И лейтенант садится на Зорьку, Митя на жеребенка, и они мчатся. Они даже не мчатся, они — летят. Они несутся над зеленым лугом, над пшеничным полем, над макушками сосен, а под соснами школа и рядом с ней широкие ворота.
Кони опускаются на тропинку у самых ворот, пофыркивают, помахивают головами, а на воротах белое полотнище, и на нем голубыми очень большими буквами написано:
ПРИВЕТ ТЕБЕ, МИТЯ КУКИН!
«Это от тебя, Николай Иванович, мне привет?» — спрашивает Митя Бабушкина, и лейтенант отвечает:
«От меня, Митя, от меня… Я теперь тебе всегда буду присылать приветы, всю жизнь!»
Митя засмеялся во сне, задел откинутой рукой Сашу. Тот во сне тоже улыбнулся и вдруг произнес громко, сразу на трех языках:
— Шарман! Вери вел! Май-о-о!
Филатыч посмотрел на спящих мальчиков и, словно поняв Сашины слова, по-русски добавил:
— Верно, сынок, верно. Все хорошо, что хорошо кончается.
Потом о чем-то подумал, с усмешкой покачал головой, повторил свои мысли вслух:
— То-ва-рищ Филатыч… Товарищ, да еще и Филатыч! Ну надо же такое сказать…
Он причмокнул на Зорьку:
— Но, Зоренька! Но, милая! Топай скорее… Товарищи проснутся, поди, есть захотят.
И Зорька затопала скорее, она тоже торопилась к дому.
СЕРЕБРЯНАЯ ТРУБА
а сумеречным окошком прохрустел снег. Мать живо обернулась к Володьке:— Девочки с папой! Встречай их скорей!
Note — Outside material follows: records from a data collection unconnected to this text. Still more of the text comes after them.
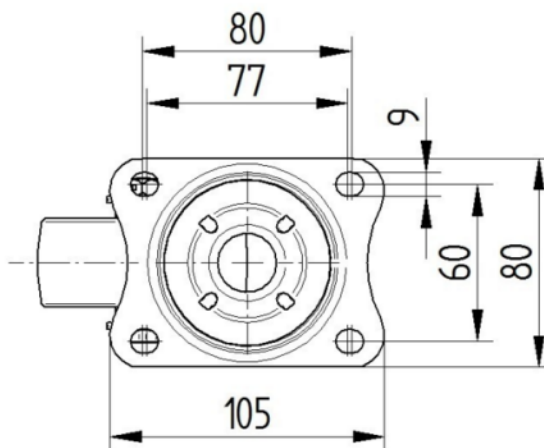

КОЛЕЛО

Материал на тялото	Полипропилен
Материал на реазбата	Плътна гума без маркировка
Лагер	Плъзгащ лагер
Ос	Завинтен с гайка
Цвят на Колело	Графитно черно (RAL9011)
Предпазители за резби	Без предпазно устройство за резба
Диаметър	80 mm
Ширина на Резба	35 mm
Ширина на тялото	35 mm
Твърдост на Резба (A)	80 бряг А

ВИЛКА

Материал	Стоманен лист, тежък
Форма Вилица	Обхват
Въртящ се лагер	Две състезания с топка
Цвят	Синьо покритие
Изместване	40 mm
Радиус на завъртане	80 mm
Интерференция при завъртане	160 mm
Диаметър на купол	75 mm

ПРИЛЯГАНЕ

Тип на фитинга	Правоъгълна плака
Дължина на плаката	105 mm
Ширина на плаката	80 mm
Дължина на отвора на плаката (минимална)	77 mm
Дължина на отвора на плаката (максимална)	60 mm
Ширина на отвора на плаката (минимална)	77 mm
Ширина на отвора на плаката (максимална)	80 mm
Диаметър на отвора на плаката	9 mm

ALPHA

3470PI0080P62

EAN 4031582303728

Номер на поръчката 00003872

BETTER MOBILITY. BETTER LIFE.

ТЕХНИЧЕСКИ ЧЕРТЕЖИ

3470U00080P62-neu

Platte 3470-080P62-105x80
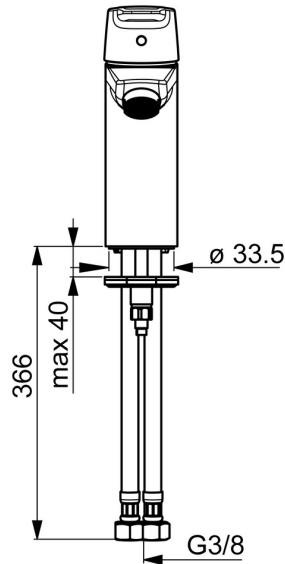

EAN: 4057304002786
static.hansa.com/51502293

- Wastafel
- Eengreeps
- Wastafelmontage
- Chrom
- Vaste uitloop
- PCA® mousseur voor een drukonafhankelijke doorstroom
- Hendel met warm-koud-aanduiding, Eengreeps bediend
- Afvoergarnituur met trekstang
- Temperatuurbegrenzer, Temperatuurbegrenzer (achteraf instelbaar)
- \varnothing 35 mm keramisch binnenwerk voor debiet en temperatuur instelling
- Flexibele aansluitslang(en)
- Kraanhuis gemaakt van DZR messing, Rapid-montagesysteem

Technische gegevens

Doorstromingseigenschappen

Doorstroomhoeveelheid bij 3 bar (met debietregelaar) **6.0 l/min**

Technische eigenschappen

DN-maat **DN15**
 Warmwatertoevoer **max. +70°C**
 Werkdruk **0.5-10 bar**
 Aansluitmaat **G3/8**
 Projection **110 mm**
 Terugstroom beveiliging (EN1717) **AA**
 Materiaal **brass**

Reserveonderdelen

SP51402293

	Naam	Code
01	Hendel Chrom	59914417
01	Lange hendel Chrom	59914633
02	Kap, 33x3 mm Chrom	59912504
03	Temperature adjustment limiter	59912325
04	Schroefring, M40x1, SW30	59913210
05	Binnenwerk, 3.5 Classic	59913075
06	Mousseur, M24x1 A, low pressure Chrom	59902692
06	Mousseur, M24x1, 6 l/min Chrom	59913727
07	Bevestigingsschroeven, M8x1, L=140	59912474
08	Bevestigingsset	59910749
N.I.	Wastegarnituur Chrom	59904620
N.I.	Flexibele aansluitingen, L=430, G3/8-M10x1	59912515
N.I.	Trekstang	59914464
N.I.	Wastegarnituur, (2019-) Chrom	59914764
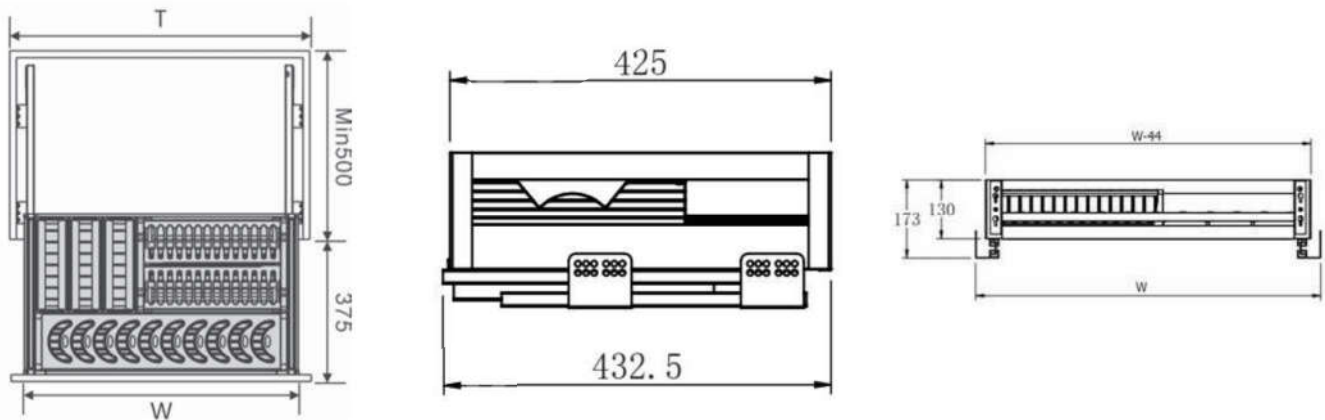

GIÁ BÁT ĐĨA HỘP GẮN CÁN

Mã sản phẩm	Quy cách sản phẩm Rộng * Sâu * Cao (mm)	Chiều rộng tủ (mm)	Chất liệu	Đơn giá chưa VAT (VNĐ)
EU132600	W565*D450*H175	600	Inox hộp	2,590,000
EU132700	W665*D450*H175	700	Inox hộp	2,670,000
EU132750	W715*D450*H175	750	Inox hộp	2,790,000
EU132800	W765*D450*H175	800	Inox hộp	2,840,000
EU132900	W865*D450*H175	900	Inox hộp	2,910,000
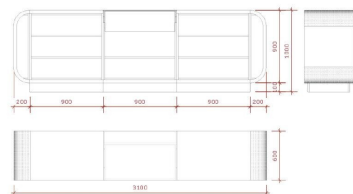

MANNEQUINS
SHOPPING

MOSTRA MANICHINI, MODELLI DI BUSTI E LAYOUT DEL NEGOZIO

+33 1 84 80 80 09 - info@mannequins-shopping.com

<https://www.mannequins-shopping.com>

Bancone moderno per negozi finitura nera lucida 310 cm

Banconi negozi moderni

3 870,00 €IVA escl

SPECIFICHE

Marca	Comptoirs shopping
Base	
Fissaggio	
Colore	Noir
Rif	com-mod-de-3768
ID	3768
Termine di consegna	4-6 settimane
Categoria	Banconi negozi moderni
Tipo	Arredare i mobili

DETAIL

Caratteristiche principali:

- Design moderno: questo piano d'appoggio moderno è caratterizzato da un design stravagante, da linee moderne e da una finitura lucida.
- Massima funzionalità: con i suoi numerosi cassetti e ripiani, questo piano d'appoggio offre molto spazio per organizzare i vostri prodotti.
- Struttura in MDF: Questo bancone da negozio è realizzato in MDF, dalla nostra fabbrica certificata ISO, che lo rende resistente all'usura quotidiana.

1. Dimensioni:
2. 310 cm di larghezza
   - 100 cm di lunghezza
   - 60 cm di profondità

DESCRIZIONE

Il **banco moderno** in MDF rinforzato con finitura nera lucida è il pezzo forte e contemporaneo di cui il vostro **negozio** ha bisogno per catturare l'attenzione dei vostri clienti. Con le sue dimensioni generose (310x100x60cm), questo banco dal design contemporaneo aggiungerà un tocco di eleganza e stile al vostro **spazio vendita**.

Il **banco moderno** è ideale per una varietà di tipi di **negozi**, tra cui:

1. Negozi di moda/decorazioni
   - Negozi di scarpe
   - Gioielleria
2. "Questi banchi da negozio vengono consegnati in più parti, il montaggio è a cura del cliente"
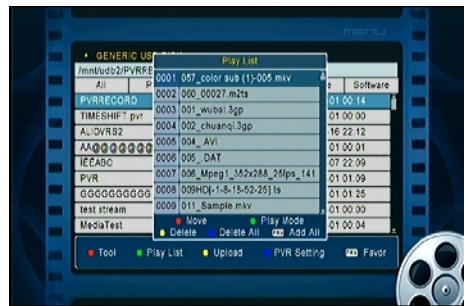

➤ **Timeshift (MB):** TimeShift ,
100, 200, 400, 800, 1600, 3200, 6400MB.

➤ **Timeshift:**

VOL+/VOL- / / /
CH+/CH- , **OK**

ALIDVRS2.

/ / /
1) **USB** /
/ /
FAV,

2) **FAV**

- 3)
- 4)
- 5)
- 6)

Володька полез из-за стола, а набухшую дверь уже кто-то с той стороны из сенцов дернул, она крякнула, распахнулась, и в натопленную избу хлынуло белое облако пара.
Облако рассыпалось мигом. И вот в толстых платках, в толстых одежках у порога стоят, растопыривают смешно руки, топочут мерзлыми валенками девочки-двойняшки, Володькины сестренки — Танюша с Марфушей.
Девочки хохочут. Девочки, укутанные так, что и глаз почти не видать, пищат что-то веселое, а отец тоже тут, он тоже смеется.
Отец стаскивает с себя широченный тулуп. От этого тулупа, от нахолодавших одежек Танюши с Марфушей по всей избе идет зябкая свежесть. И босой Володька переступает с ноги на ногу, ежится, но и ему весело.
Володька вместе с матерью тормошит сестренок, помогает им распутывать платки, почти кричит:
— Вы чему так радуетесь? Ну чему? Говорите скорей!
А девочки, сказав: «Ух!», наконец-то изо всего высвободились, стали тонкими, легкими.
Обе в школьной форме, обе белобрысые, с холода румяные, они запрыгали в чулках по мягким половикам:
— Каникулы, каникулы, каникулы!
— Начались, начались, уже начались!
Потом почти враз объявили:
— Завтра в школе новогодний праздник. Завтра утром папка опять повезет нас в школу. Жанна Олеговна подготовила целый концерт, а Иван Иваныч сыграет там на серебряной трубе!
— Ну-у! На серебряной? — изумился Володька. — Тогда, значит, и я поеду.
Отец подхватил Володьку, закружил и тоже, почти как девочки, заприпевал:
— Брось, брось! На дворе стужа, и ты ведь не школьник. У тебя дома будет праздник свой.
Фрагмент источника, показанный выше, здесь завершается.